**Problem**
If a record holds a picture, please leave the picture out and copy the rest of the record exactly.

===== Study material

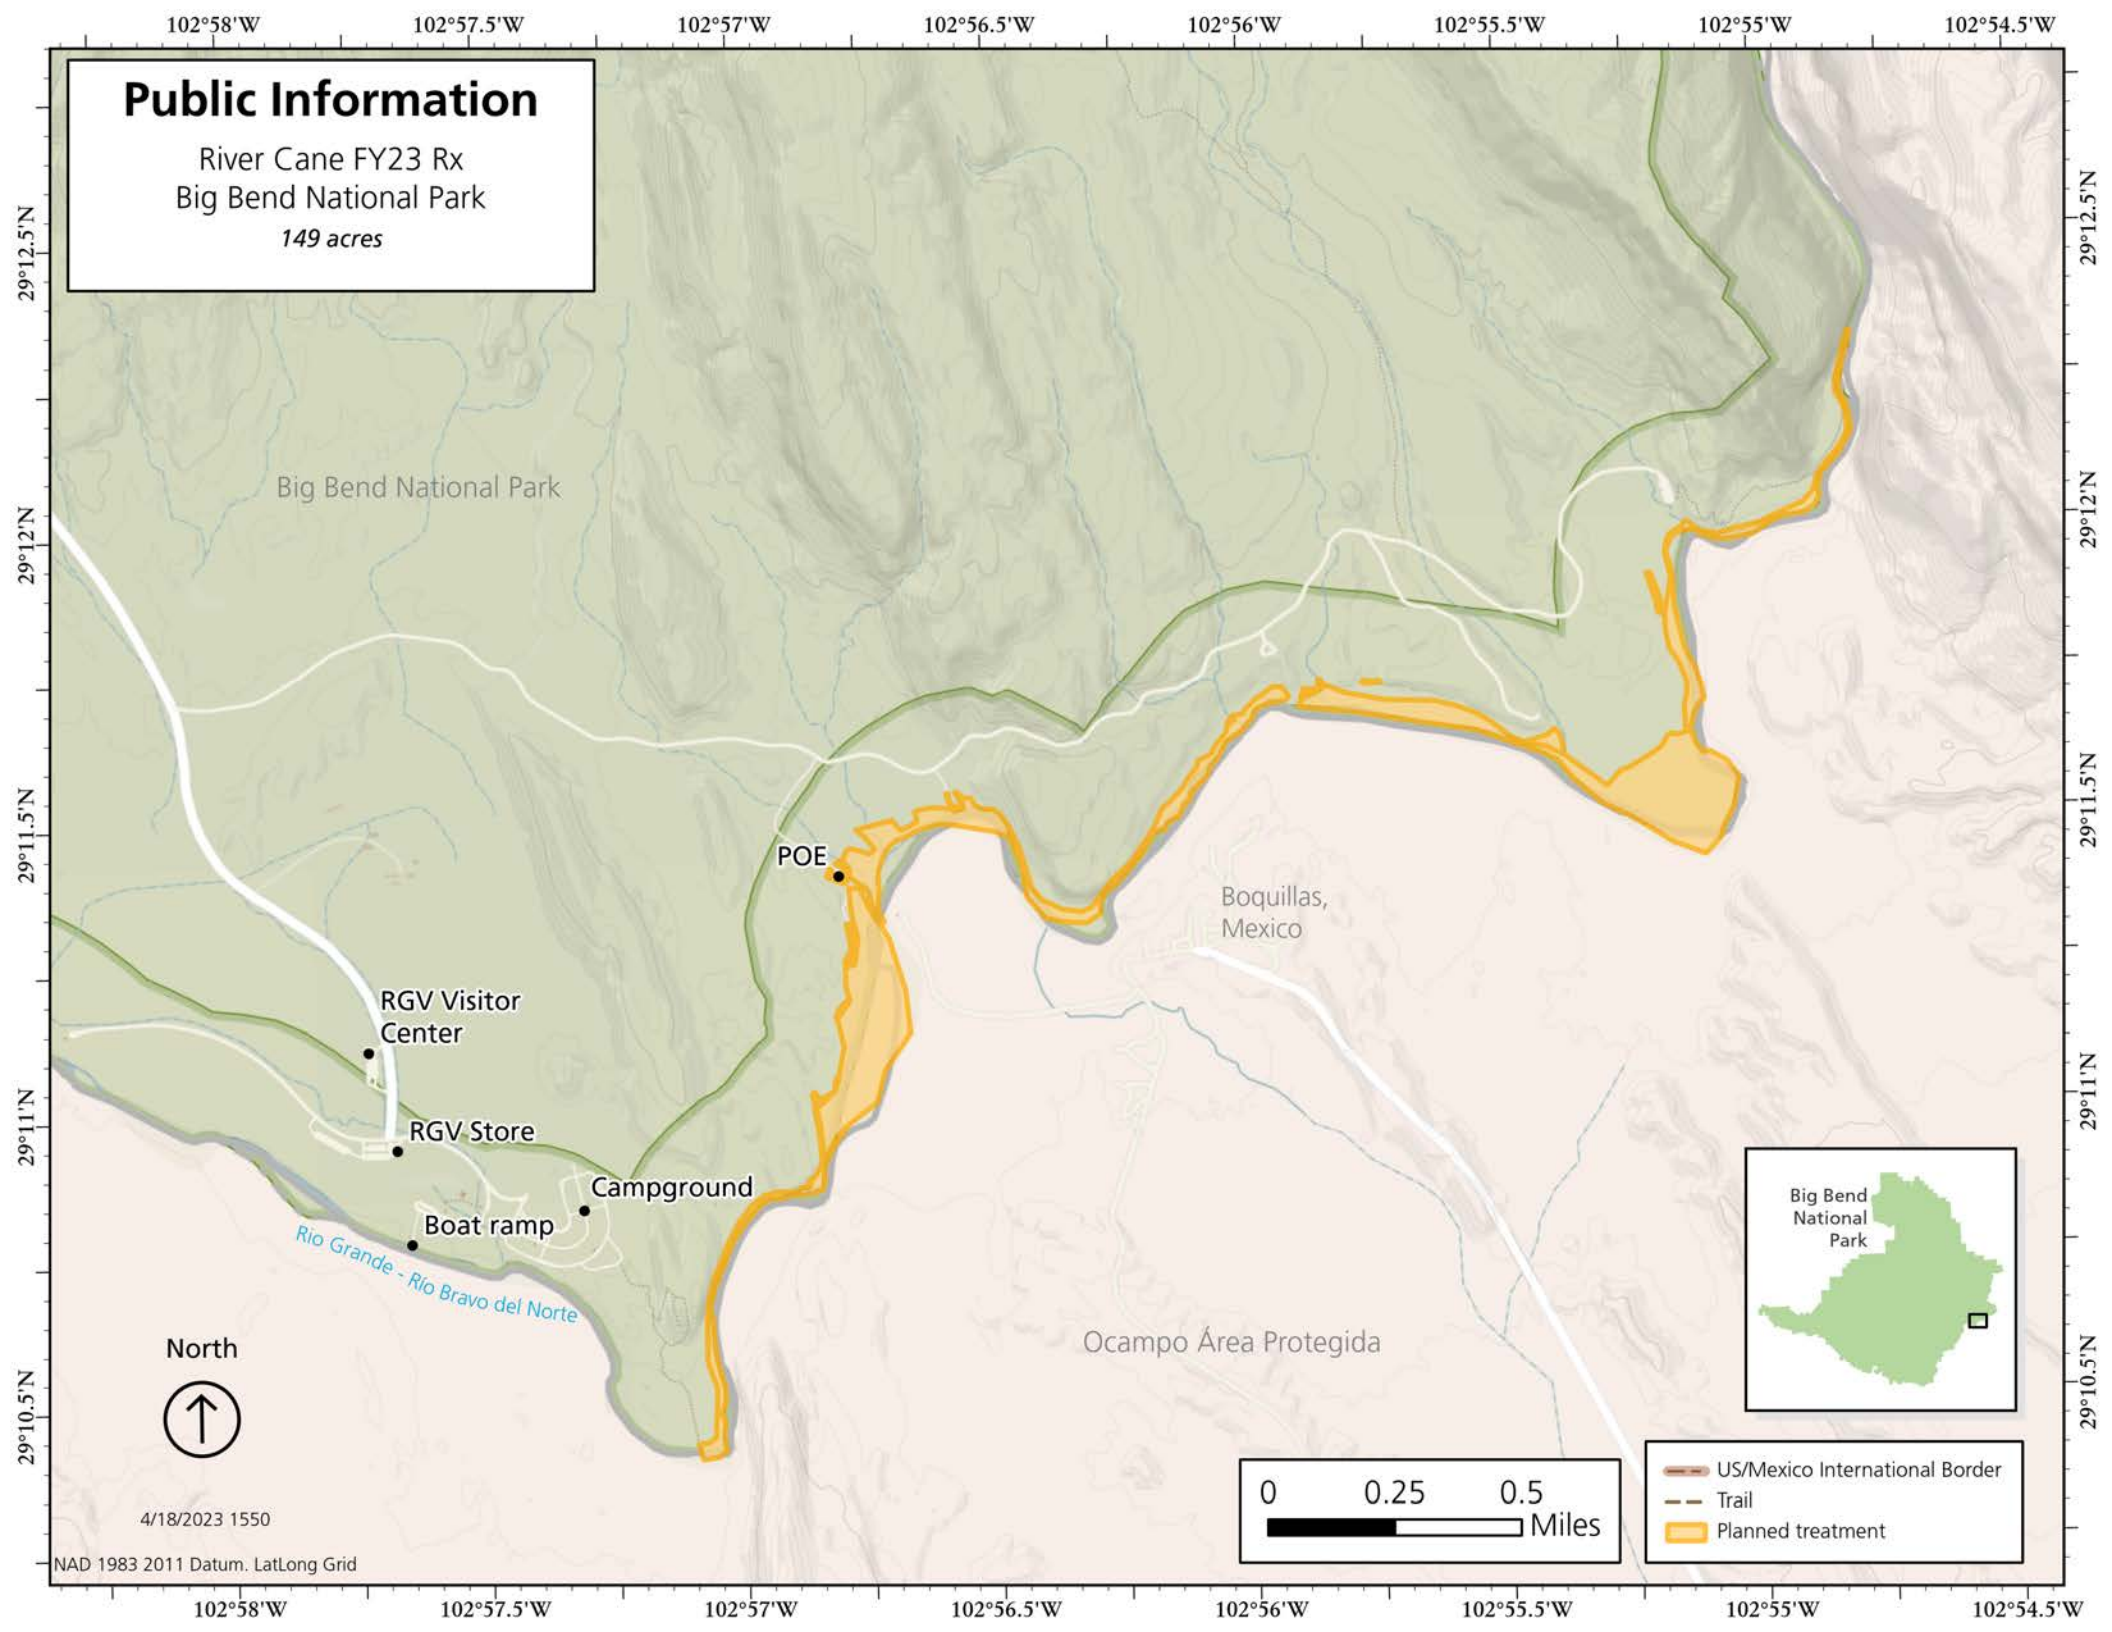

Public Information

River Cane FY23 Rx
Big Bend National Park
149 acres

North

4/18/2023 1550

NAD 1983 2011 Datum. LatLong Grid

- US/Mexico International Border
- Trail
- Planned treatment

==========

**Task result**
Public Information

River Cane FY23 Rx
Big Bend National Park
149 acres

North

4/18/2023 1550

NAD 1983 2011 Datum. LatLong Grid

- US/Mexico International Border
- Trail
- Planned treatment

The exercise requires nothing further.